─── Provided records ───

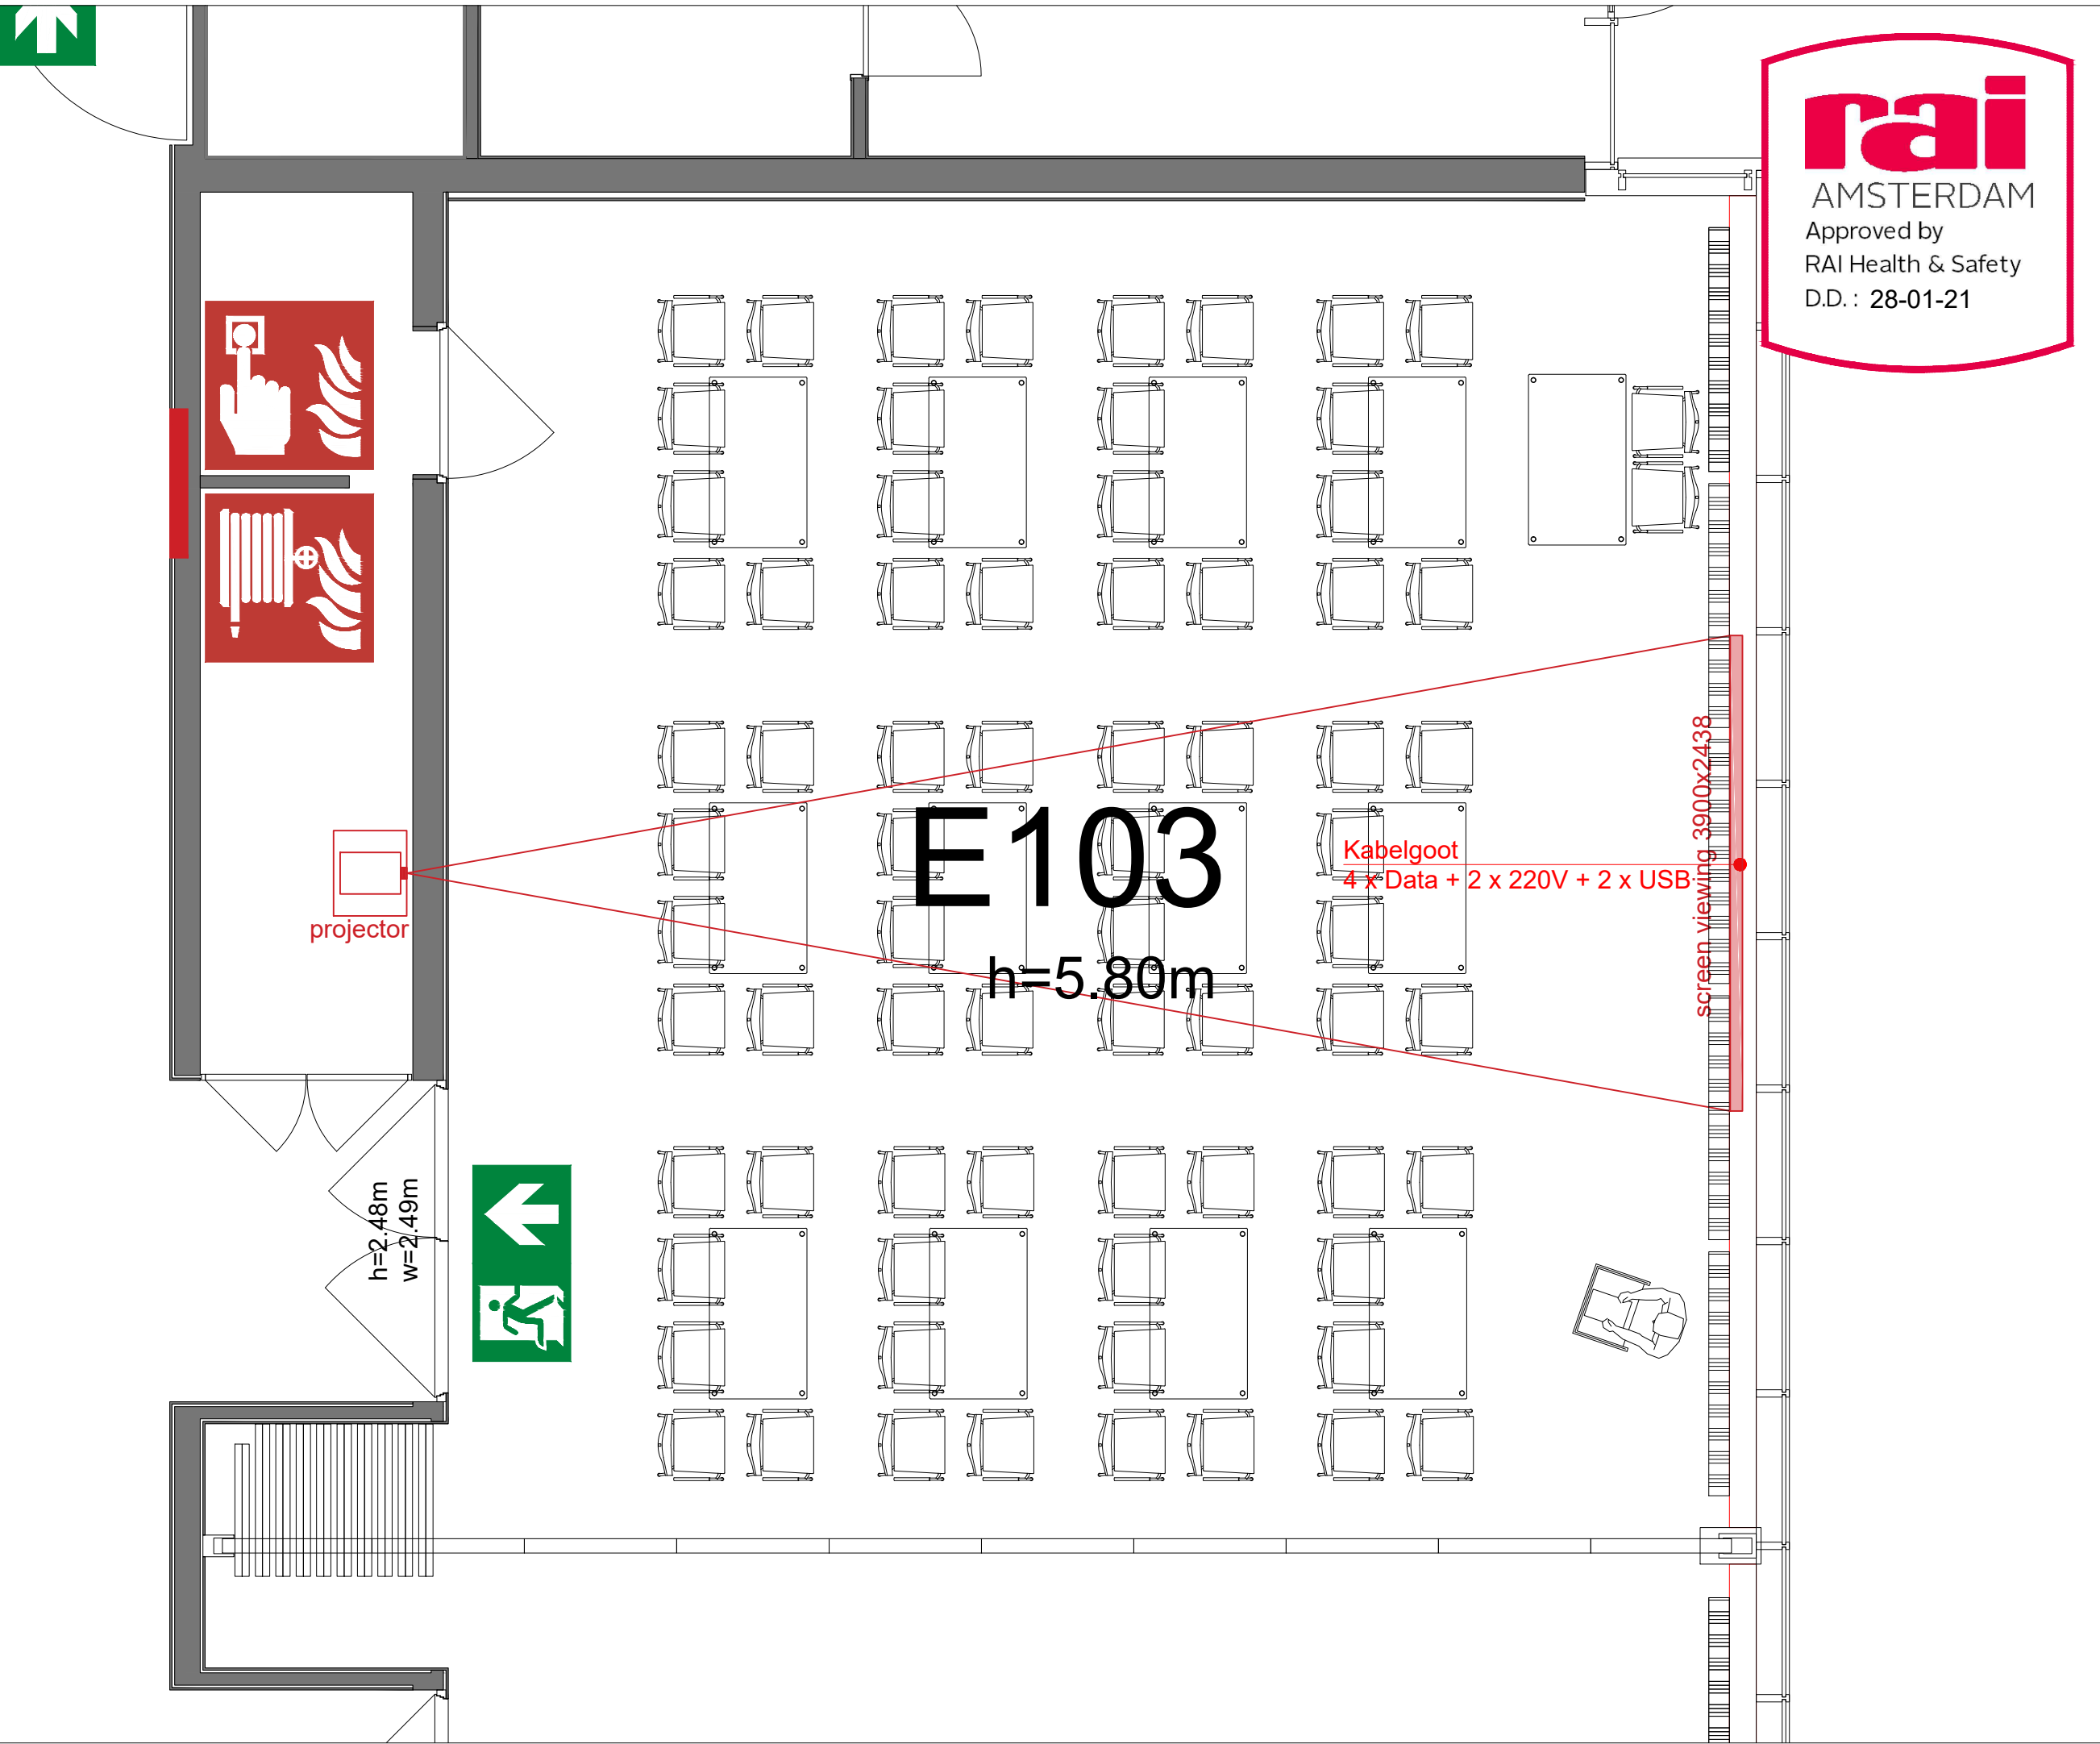

Meubilair:

- 14 tables (140x80 cm)
- 56 chairs

Virtual Tour

E103 - 05

Drawing Number 563
 Date (dd-mm-yy) 05.02.2021
 Scale A3 1:50
 Drawn cadoffice@rai.nl
 Changes / Omissions excepted

Symbol Legend

- Emergency Exit
- First Aid
- Fire Extinguisher
- Fire Hose Reel
- Fire Alarm Call Point
- Fire Hydrant
- Event Catering Outlet
- Event Coffee Point
- Female Toilet
- Male Toilet
- Accessible Toilet
- Cloakroom
- RAI Live Screen
- Rigging Point
- Electra & Data
- Water - Tap and Drain
- Drain
- Cable Duct

Meubilair:
 - 13 tables (140x80 cm)
 - 74 chairs

Virtual Tour

E103 - 06

Drawing Number 563
 Date (dd-mm-yy) 05.02.2021
 Scale A3 1:50
 Drawn cadoffice@rai.nl
 Changes / Omissions excepted

Symbol Legend

- Emergency Exit
- First Aid
- Fire Extinguisher
- Fire Hose Reel
- Fire Alarm Call Point
- Fire Hydrant
- Event Catering Outlet
- Event Coffee Point
- Female Toilet
- Male Toilet
- Accessible Toilet
- Cloakroom
- RAI Live Screen
- Rigging Point
- Electra & Data
- Water - Tap and Drain
- Drain
- Cable Duct

───

Although the records contain pictures, return only their text, exactly as written.

Meubilair:

- 14 tables (140x80 cm)
- 56 chairs

Virtual Tour

E103 - 05

Drawing Number 563
 Date (dd-mm-yy) 05.02.2021
 Scale A3 1:50
 Drawn cadoffice@rai.nl
 Changes / Omissions excepted

Symbol Legend

- Emergency Exit
- First Aid
- Fire Extinguisher
- Fire Hose Reel
- Fire Alarm Call Point
- Fire Hydrant
- Event Catering Outlet
- Event Coffee Point
- Female Toilet
- Male Toilet
- Accessible Toilet
- Cloakroom
- RAI Live Screen
- Rigging Point
- Electra & Data
- Water - Tap and Drain
- Drain
- Cable Duct

Meubilair:
 - 13 tables (140x80 cm)
 - 74 chairs

Virtual Tour

E103 - 06

Drawing Number 563
 Date (dd-mm-yy) 05.02.2021
 Scale A3 1:50
 Drawn cadoffice@rai.nl
 Changes / Omissions excepted

Symbol Legend

- Emergency Exit
- First Aid
- Fire Extinguisher
- Fire Hose Reel
- Fire Alarm Call Point
- Fire Hydrant
- Event Catering Outlet
- Event Coffee Point
- Female Toilet
- Male Toilet
- Accessible Toilet
- Cloakroom
- RAI Live Screen
- Rigging Point
- Electra & Data
- Water - Tap and Drain
- Drain
- Cable Duct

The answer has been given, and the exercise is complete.